■ **Source records**
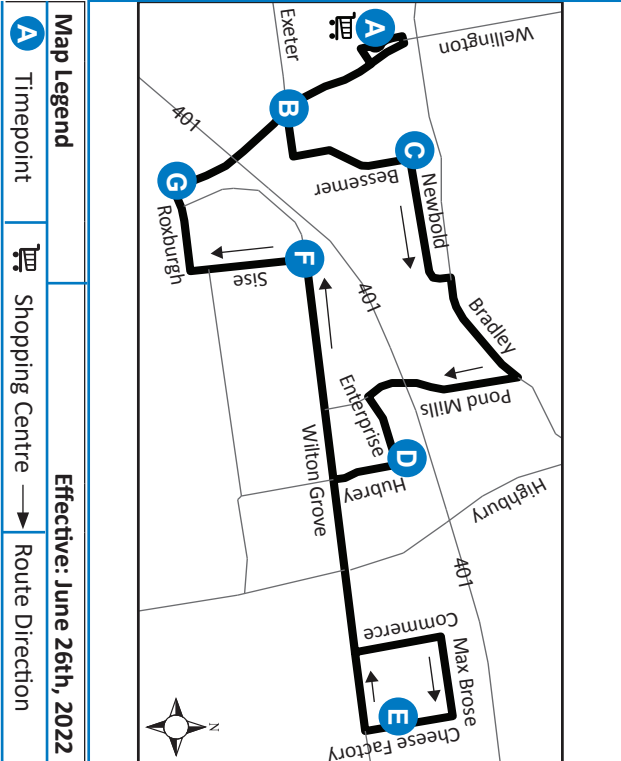

30 WHITE OAKS MALL - CHEESE FACTORY RD.

519-451-1347
www.londontransit.ca

30 WHITE OAKS MALL - CHEESE FACTORY RD.

519-451-1347
www.londontransit.ca

ROUTE 30 - MONDAY TO FRIDAY

EASTBOUND					WESTBOUND				
White Oaks Mall	Wellington at Exeter	Newbold at Bessemer	Hubrey at Enterprise	Cheese Factory Road	Cheese Factory Road	Wilton Grove at Sise	Roxborough at Wellington	Wellington at Exeter	White Oaks Mall
A	B	C	D	E	E	F	G	B	A
LVS				ARR	LVS				ARR
6:32	6:34	6:37	6:43	6:48	6:48	6:54	6:56	6:59	7:02
7:12	7:14	7:17	7:23	7:28	7:28	7:34	7:36	7:39	7:42
7:52	7:54	7:57	8:03	8:08	8:08	8:14	8:16	8:19	8:22
8:32	8:34	8:37	8:43	8:48	8:48	8:54	8:56	8:59	9:02
9:12	9:14	9:17	9:23	9:28	9:28	9:34	9:36	9:39	9:42
9:52	9:54	9:57	10:03	10:08	10:08	10:14	10:16	10:19	10:22
10:32	10:34	10:37	10:43	10:48	10:48	10:54	10:56	10:59	11:02*
No Service until PM									
2:30	2:32	2:35	2:41	2:46	2:46	2:52	2:54	2:57	3:00
3:10	3:12	3:15	3:21	3:26	3:26	3:32	3:34	3:37	3:40
3:50	3:52	3:55	4:01	4:06	4:06	4:12	4:14	4:17	4:20
4:30	4:32	4:35	4:41	4:46	4:46	4:52	4:54	4:57	5:00
5:10	5:12	5:15	5:21	5:26	5:26	5:32	5:34	5:37	5:40
5:50	5:52	5:55	6:01	6:06	6:06	6:12	6:14	6:17	6:20
6:25	6:27	6:30	6:36	6:41	6:41	6:47	6:49	6:52	6:55*

LEGEND		
+	Route Change	*
		Bus into Garage

SPECIAL NOTE:
 Route 30 operates exclusively from 6:30-11AM, 2:30-7PM and 10:30-11:30PM on weekdays, excluding holidays
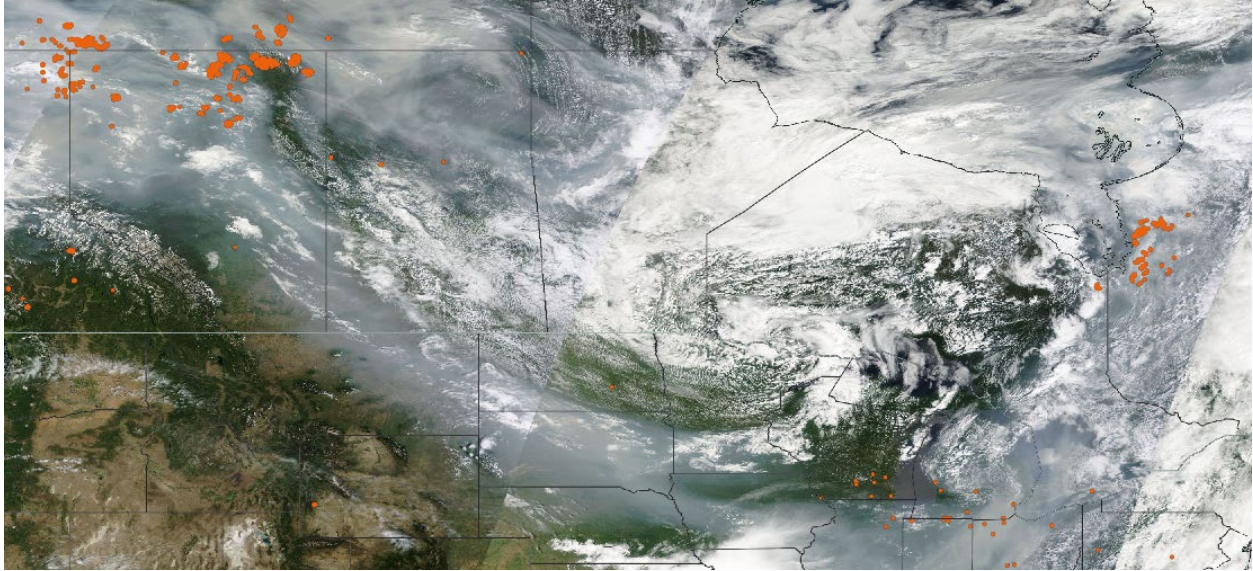

MODIS visible satellite for July 16, 2023.
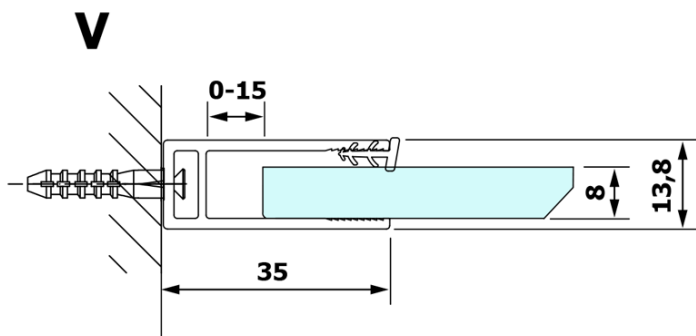

Order code: GX1580

Basic information

Brand: Gelco
Series: VARIO

Size

Width: 800 mm
Height: 2000 mm

Properties

Glass colour: NORDIC glass
Glass finish: Coated glass
Glass thickness: 8 mm
Weight / Piece: 38.0 kg
Packaging: 1 Piece
Warranty: 3 years

Technical sheet

MODEL	A
GX1570	685-700
GX1580	785-800
GX1590	885-900
GX1510	985-1000
GX1511	1085-1100
GX1512	1185-1200
GX1514	1385-1400

MODEL	A
GX1470	679
GX1480	779
GX1490	879
GX1410	979
GX1411	1079
GX1412	1179
GX1413	1279
GX1414	1379
GX1570	679
GX1580	779
GX1590	879
GX1510	979
GX1511	1079
GX1512	1179
GX1514	1379

MODEL	A
GX1570	685-700
GX1580	785-800
GX1590	885-900
GX1510	985-1000
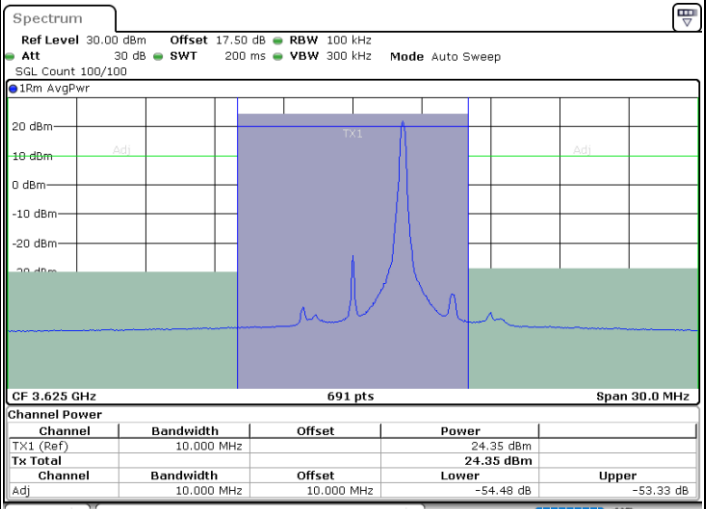

Date: 9.JUL.2020 19:13:27
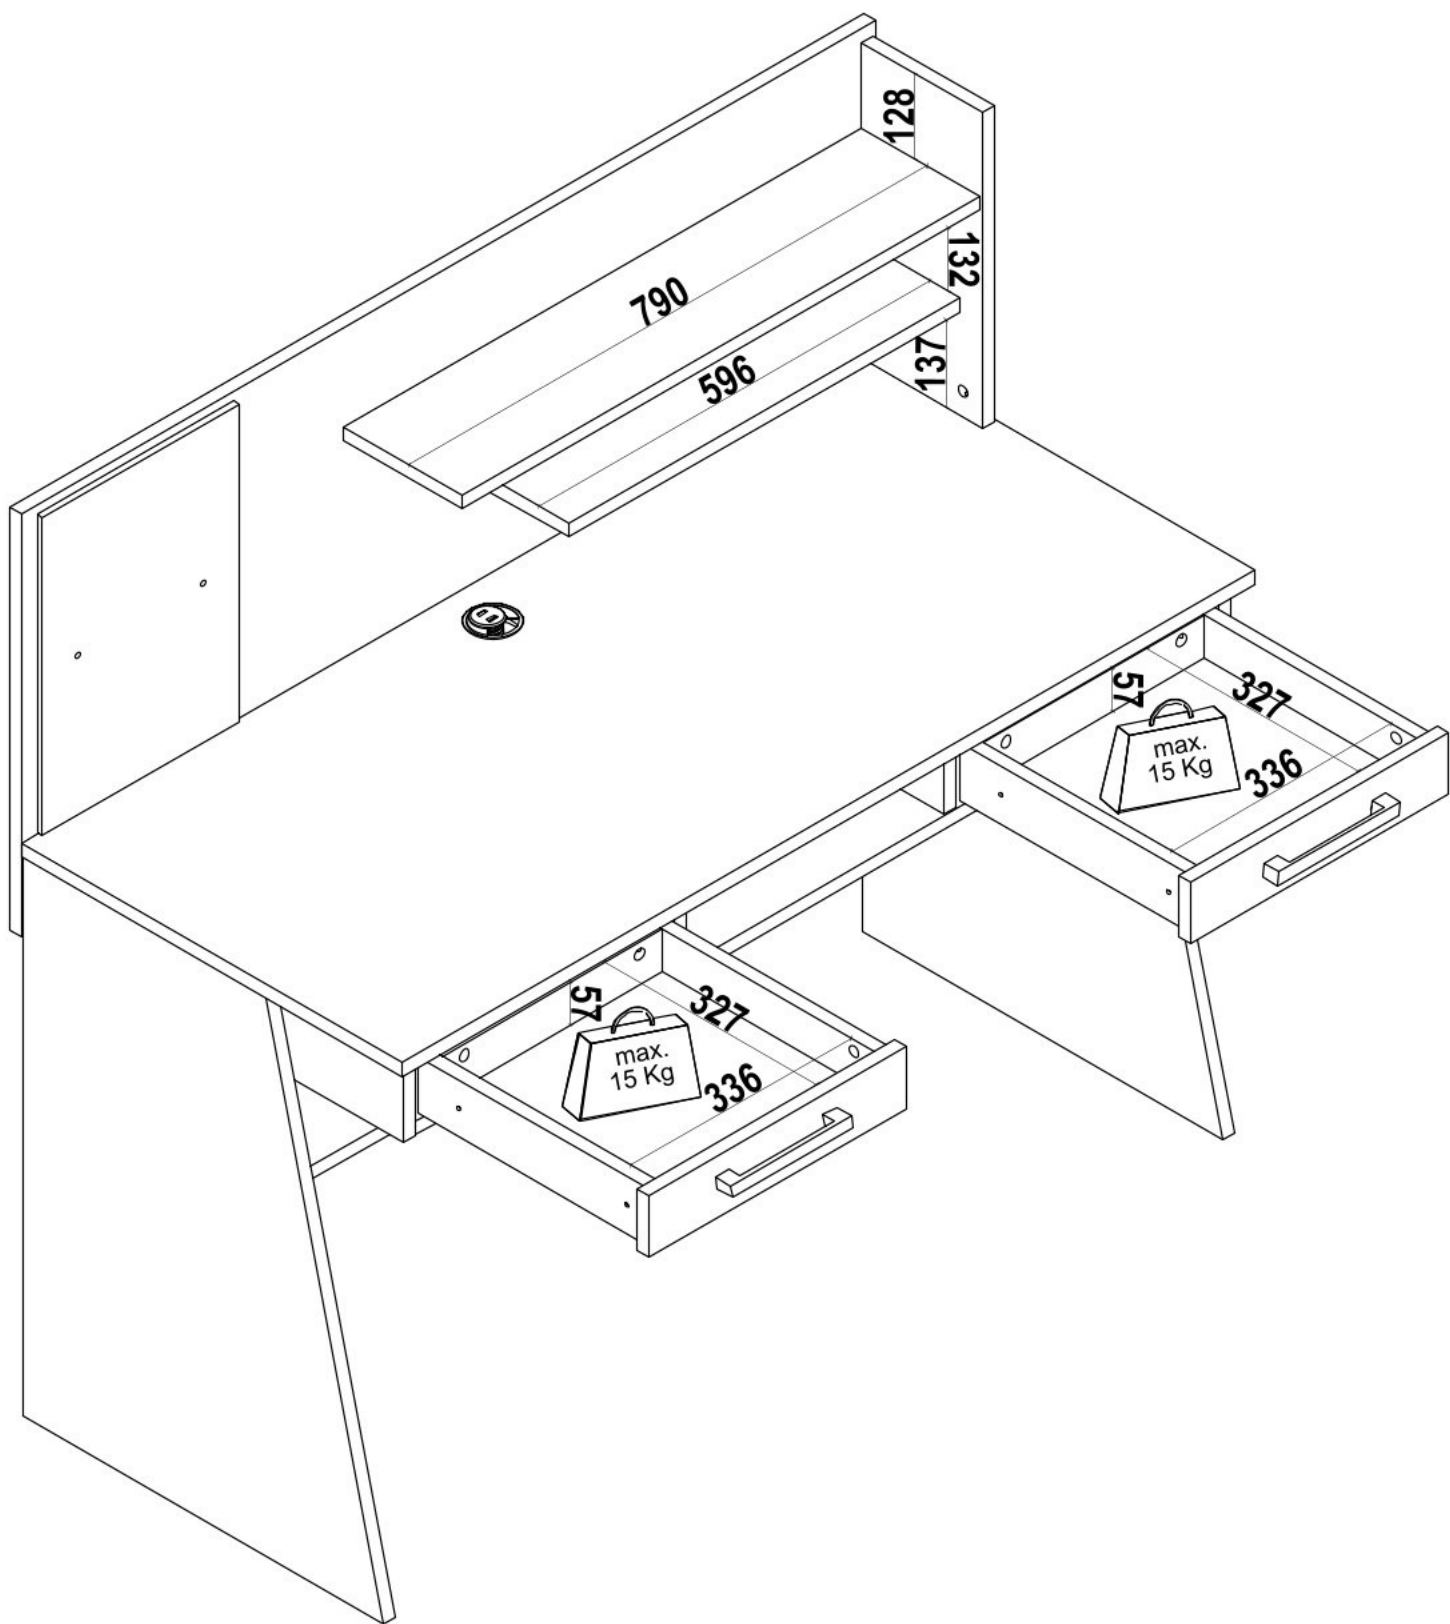

NO	ADET/PCS	ÖLÇÜ/DIMENSIONS	NO	ADET/PCS	ÖLÇÜ/DIMENSIONS	NO	ADET/PCS	ÖLÇÜ/DIMENSIONS
01	1	739 X 550	11	1	790 X 180			
02	1	739 X 550	12	1	596 X 150			
03	1	1226 X 561	13	1	433 X 185			
04	1	1302 X 580	14	1	420 X 300			
05	1	562 X 106	15	2	394 X 82			
06	1	562 X 106	16	2	345 X 76			
07	2	559 X 88	17	2	345 X 76			
08	1	1262 X 296	18	2	336 X 76			
09	1	1262 X 256	19	2	346 X 332			
10	1	1302 X 560						

PLEASE ORDER THE ACCESSORIES ACCORDING TO THE REFERENCE NUMBER ON THE DRAWING(EXAMPLE ACCESSORIE NO-008 RAFİK MİL 1.PCS.)

PLEASE ORDER THE SPARE PARTS ACCORDING TO THE REFERENCE NUMBER ON THE DRAWING

**1**
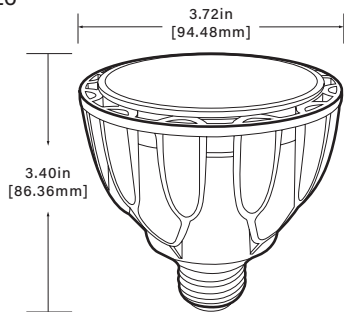

LED

TYPE

P30 (PAR30 E26)

VOLTAGE

120 (Dimmable)

BEAM ANGLE

- 15 L152 (15° Beam Angle)
- 36 L154 (36° Beam Angle)

ADDITIONAL INFORMATION

DIMENSIONS

Dimensions Shown

PAR30 E26

277 VERSION (NON-DIMMABLE)

BEAM ANGLES

- 15° L148
- 36° L150

SPECIFICATIONS

INTERNALS	VOLTAGE	120V - 277V
	WATTAGE	10W (Equivalent to 90W Halogen)
	LUMENS	1000LM
	CCT	3000K
	CRI	85
	DIMMABLE	To 10% (120V AC Only)
	POWER FACTOR	90%
	RATED LIFE	25,000 Hrs

■ **Exercise**
Please repeat the lines of the material above exactly, starting with the line that contains "Order code: GX1580" and ending with the line that contains "to 90W Halogen)". Leave the pictures out.

■ **Solution for this task**
Order code: GX1580

Basic information

Brand: Gelco
Series: VARIO

Size

Width: 800 mm
Height: 2000 mm

Properties

Glass colour: NORDIC glass
Glass finish: Coated glass
Glass thickness: 8 mm
Weight / Piece: 38.0 kg
Packaging: 1 Piece
Warranty: 3 years

Technical sheet

MODEL	A
GX1570	685-700
GX1580	785-800
GX1590	885-900
GX1510	985-1000
GX1511	1085-1100
GX1512	1185-1200
GX1514	1385-1400

MODEL	A
GX1470	679
GX1480	779
GX1490	879
GX1410	979
GX1411	1079
GX1412	1179
GX1413	1279
GX1414	1379
GX1570	679
GX1580	779
GX1590	879
GX1510	979
GX1511	1079
GX1512	1179
GX1514	1379

MODEL	A
GX1570	685-700
GX1580	785-800
GX1590	885-900
GX1510	985-1000

Date: 9.JUL.2020 19:13:27

NO	ADET/PCS	ÖLÇÜ/DIMENSIONS	NO	ADET/PCS	ÖLÇÜ/DIMENSIONS	NO	ADET/PCS	ÖLÇÜ/DIMENSIONS
01	1	739 X 550	11	1	790 X 180			
02	1	739 X 550	12	1	596 X 150			
03	1	1226 X 561	13	1	433 X 185			
04	1	1302 X 580	14	1	420 X 300			
05	1	562 X 106	15	2	394 X 82			
06	1	562 X 106	16	2	345 X 76			
07	2	559 X 88	17	2	345 X 76			
08	1	1262 X 296	18	2	336 X 76			
09	1	1262 X 256	19	2	346 X 332			
10	1	1302 X 560						

PLEASE ORDER THE ACCESSORIES ACCORDING TO THE REFERENCE NUMBER ON THE DRAWING(EXAMPLE ACCESSORIE NO-008 RAFİK MİL 1.PCS.)

PLEASE ORDER THE SPARE PARTS ACCORDING TO THE REFERENCE NUMBER ON THE DRAWING

**1**

LED

TYPE

P30 (PAR30 E26)

VOLTAGE

120 (Dimmable)

BEAM ANGLE

- 15 L152 (15° Beam Angle)
- 36 L154 (36° Beam Angle)

ADDITIONAL INFORMATION

DIMENSIONS

Dimensions Shown

PAR30 E26

277 VERSION (NON-DIMMABLE)

BEAM ANGLES

- 15° L148
- 36° L150

SPECIFICATIONS

INTERNALS	VOLTAGE	120V - 277V
	WATTAGE	10W (Equivalent to 90W Halogen)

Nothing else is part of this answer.